1. A training apparatus comprising:
a processor; and
a memory storing computer-executable instructions configured to execute a method comprising:
receiving a set of first data elements that are labeled and a set of second data elements that are unlabeled as inputs;
calculating a value of a predetermined objective function that represents an evaluation index when a false positive rate is in a predetermined range and a derivative of the predetermined objective function with respect to a parameter; and
updating the parameter such that the value of the predetermined objective function is maximized or minimized using the value of the predetermined objective function and the derivative.
2. The training apparatus according to claim 1, wherein the set of first data elements includes positive-example data elements labeled with a label indicating a positive example and negative-example data elements labeled with a label indicating a negative example,
wherein the evaluation index is a partial area under a receiver operating characteristic curve (AUC), and
wherein the predetermined objective function is represented by a weighted sum of:
a first partial AUC calculated from the positive-example data elements and the negative-example data elements,
a second partial AUC calculated from the positive-example data elements and the second data elements, and
a third partial AUC calculated from the negative-example data elements and the second data elements.
3. The training apparatus according to claim 2, wherein the predetermined objective function includes a classifier that has the parameter and outputs, when a data element to be classified has been input, a score on classification of the data element to be classified as a positive example,
wherein the partial area under a receiver operating characteristic curve (AUC) becomes higher when scores of the positive-example data elements are higher than scores of the negative-example data elements which are in a predetermined range of false positive rates,
wherein the second partial AUC becomes higher when scores of the positive-example data elements are higher than scores of second data elements which are in a predetermined range of false positive rates among the second data elements classified as negative examples by the classifier, and
wherein the third partial AUC becomes higher when scores of the second data elements classified as positive examples by the classifier are higher than scores of the negative-example data elements which are in a predetermined range of false positive rates.
4. The training apparatus according to claim 1, the computer-executable instructions further configured to execute a method comprising:
determining whether or not a predetermined end condition is satisfied,
wherein the training apparatus is configured to repeat the calculating the value of the predetermined objective function and the derivative and the updating of the parameter until the predetermined end condition is satisfied.

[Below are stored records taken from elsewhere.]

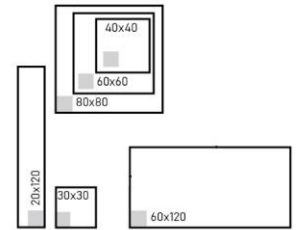

TECHNICAL INFORMATION
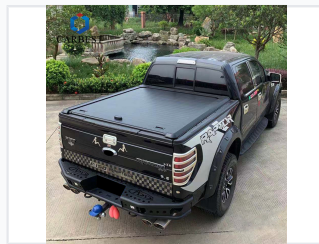

Retractable Truck Bed Tonneau Cover

This retractable tonneau cover enhances the security and protection of truck beds. Its retractable design allows easy access while providing a secure barrier against weather and theft.

ADDITIONAL IMAGES

Product Overview

Multifunction Retractable Tonneau Cover

This multifunction retractable tonneau cover is engineered to provide superior protection and security for your truck bed. Its durable construction offers a sleek, low-profile design that enhances the appearance of your vehicle while providing excellent weather resistance. The smooth retractable mechanism allows for easy opening and closing, ensuring quick, convenient access to your cargo while keeping it safe from the elements.
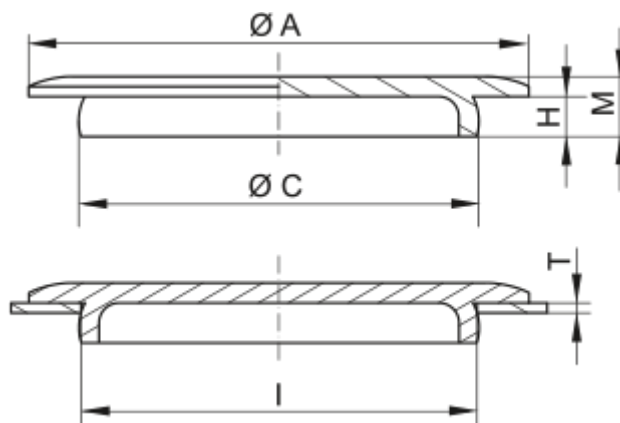

Article number: 59GPN9103043

Description: KLEE Universal flat design GPN 910 - 26,3 (Wall thickness 2,2)

Measures

A = 38

C = 27

H = 7.5

I = 26.3

M = 9.5

T = 2.2
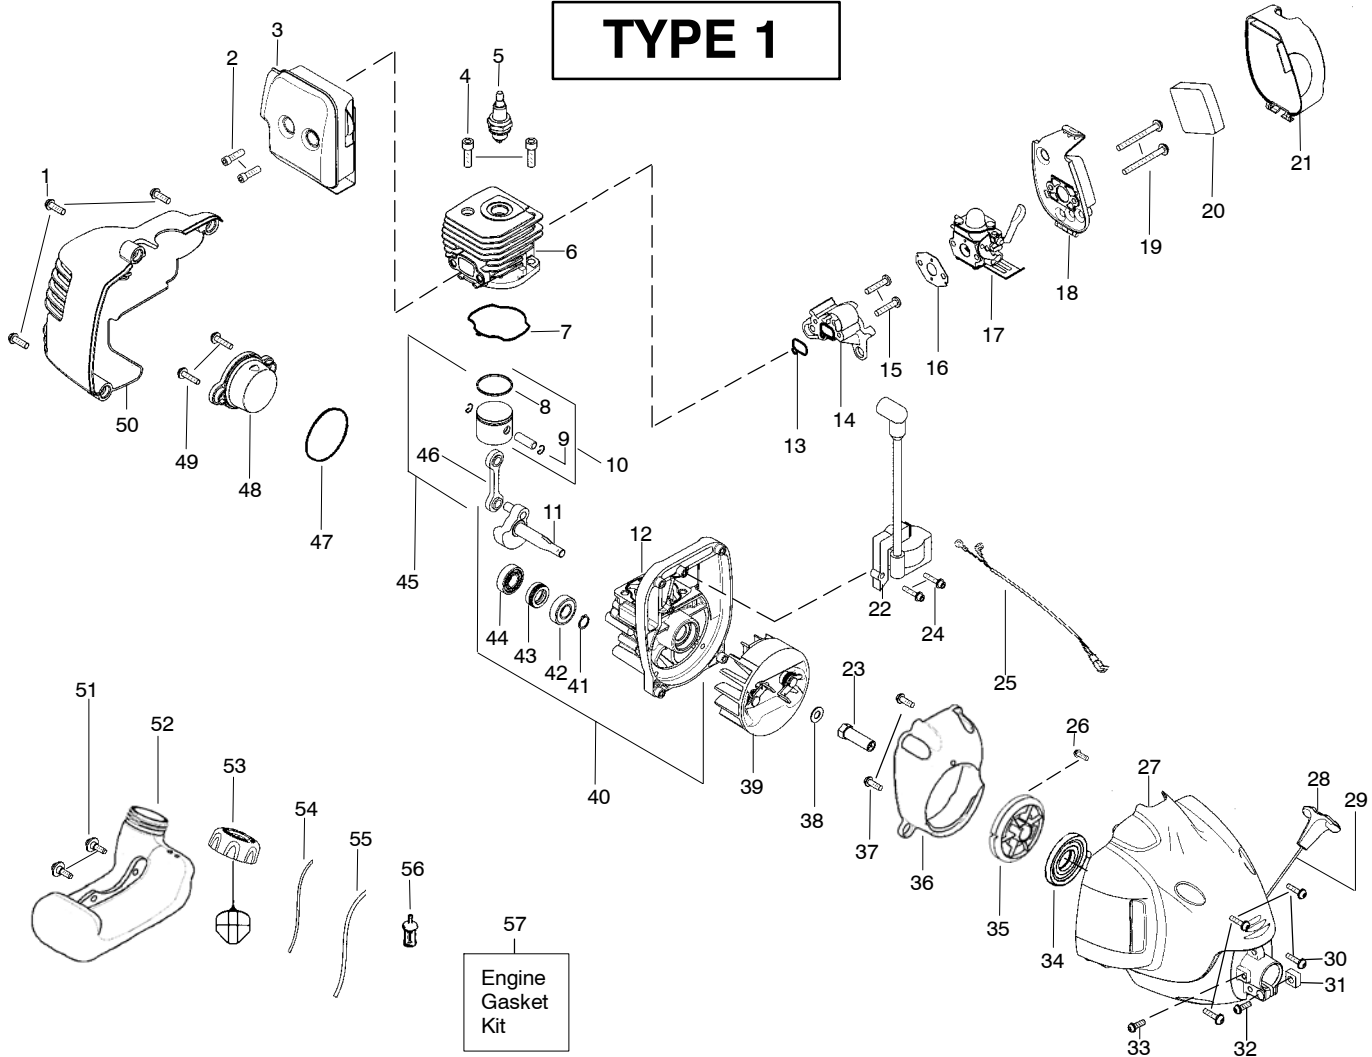

TYPE 1

Ref.	Part No.	Description	Ref.	Part No.	Description	Ref.	Part No.	Description
1.	530015880	Screw	21.	530058912	Cover-Air Box	45.	530071785	Kit-Con Rod/Piston (Incl. 10,46)
2.	530058982	Bolt-Muffler	22.	530039234	Ignition Module	46.	530069945	Kit-Conn. Rod Assy
3.	530059826	Assy-Muffler/Shield (Incl. 2)	23.	530027953	Coupling-Drive	47.	530071750	O-Ring-C'case (kit)
4.	530015953	Screw-Cylinder	24.	530016357	Screw	48.	530058738	Assy-Plug (incl.47)
5.	952030249	Spark Plug (RCJ 6Y)	25.	530047278	Assy-Leadwire	49.	530016386	Screw
6.	530012541	Cylinder	26.	530016391	Screw	50.	530058737	Shroud-Rear
7.	530071750	Seal-Cylinder (kit)	27.	530071941	Assy.-Fan Hsg	51.	530016431	Retainer-Tank
8.	530055120	Piston Ring	28.	530058742	Handle-Starter	52.	530058847	Assy-Fuel Tank (incl. filter, lines & fuel cap)
9.	530015162	Retainer-Piston Pin	29.	530071798	Kit - Rope	53.	530058743	Assy-Fuel Cap w/ret.
10.	530071833	Kit - Piston (Incl. 8, 9)	30.	530015810	Screw	54.	530069247	Kit-Fuel Line (Small)
11.	530012555	Assy-Crankshaft	31.	530016382	Nut 12-24	55.	530069216	Kit-Fuel Line (Large)
12.	530012542	Assy-Crankcase (Incl. 42-44)	32.	530016381	Screw 12-24	56.	530095646	Assy-Fuel Pickup
13.	530071750	Seal-Cyl/Carb.(kit)	33.	530015805	Screw-Shaft Align	57.	530071750	Kit-Engine Gasket (Incl. 7,13,16,47)
14.	530057547	Adapter-Carb.	34.	530042086	Spring-Starter			
15.	530016309	Screw	35.	530071797	Kit-Starter Pulley			
16.	530071750	Gasket-Carb. (kit)	36.	530057548	Baffle			
17.	530071811	Kit-Carb.(C1U-W19)	37.	530015880	Screw			
(Note: Repair kits are not available for this carburetor)			38.	530015828	Washer-Flat			
18.	530059246	Air Box	39.	530054115	Assy-Flywheel			
19.	530016429	Screw	40.	530071751	Assy-C'case & C'shaft (Incl. 11,12,41)			
20.	530036575	Foam-Air Filter	41.	530015941	Retain. Ring-C'shaft			
			42.	530055728	Outer Bearing			
			43.	530019264	Seal			
			44.	530032125	Inner Bearing			

↗ = NEW PART NUMBER FOR THIS IPL   * = REFER TO THE SERVICE REFERENCE INDICATED FOR MORE INFORMATION. (LOCATED AT END OF IPL)
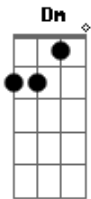

© ukulele-chords.com
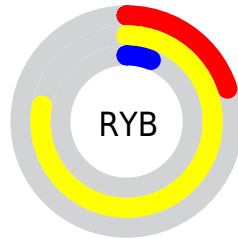

Details

The Decimal color **13150735** is a dark color, and the websafe version is hex **CC9900**. The color can be described as dark washed orange. A complement of this color would be **994760**, and the grayscale version is **10658466**.

A 20% lighter version of the original color is **16769363**, and **9270784** is the 20% darker color. If you saturate the color by 10%, you get **13150208**, and if you desaturate by 10%, it is **13151523**.

Distribution

Red (78%)

Green (67%)

Blue (6%)

Red (20%)

Yellow (78%)

Blue (6%)

Cyan (0%)

Magenta (15%)

Yellow (92%)

Black (22%)

Cyan (22%)

Magenta (33%)

Yellow (94%)

Brightness & Saturation Gradients

These gradients show how the Decimal color 13150735 changes by changing the brightness by 10 percent. The first figure shows a shift by +10% for each color and the second figure -10%.

5. A computer-implemented method for training, comprising:
receiving a set of first data elements that are labeled and a set of second data elements that are unlabeled as inputs,
calculating a value of a predetermined objective function that represents an evaluation index when a false positive rate is in a predetermined range and a derivative of the predetermined objective function with respect to a parameter; and
updating the parameter such that the value of the predetermined objective function is maximized or minimized using the value of the predetermined objective function and the derivative.
6. A computer-readable non-transitory recording medium storing computer-executable program instructions that when executed by a processor cause a computer system to execute a method comprising:
receiving a set of first data elements that are labeled and a set of second data elements that are unlabeled as inputs;
calculating a value of a predetermined objective function that represents an evaluation index when a false positive rate is in a predetermined range and a derivative of the predetermined objective function with respect to a parameter; and
updating the parameter such that the value of the predetermined objective function is maximized or minimized using the value of the predetermined objective function and the derivative.
7. The training apparatus according to claim 1, wherein a level of accuracy of classifying the second data elements at the false positive rate is higher than classifying the second data elements at another false positive rate.
8. The training apparatus according to claim 2, the computer-executable instructions further configured to execute a method comprising:
determining whether or not a predetermined end condition is satisfied,
wherein the training apparatus is configured to repeat the calculating the value of the predetermined objective function and the derivative and the updating of the parameter until the predetermined end condition is satisfied.
9. The training apparatus according to claim 3, the computer-executable instructions further configured to execute a method comprising:
determining whether or not a predetermined end condition is satisfied; and
repeating the calculating the value of the predetermined objective function and the derivative and the updating of the parameter until the predetermined end condition is satisfied.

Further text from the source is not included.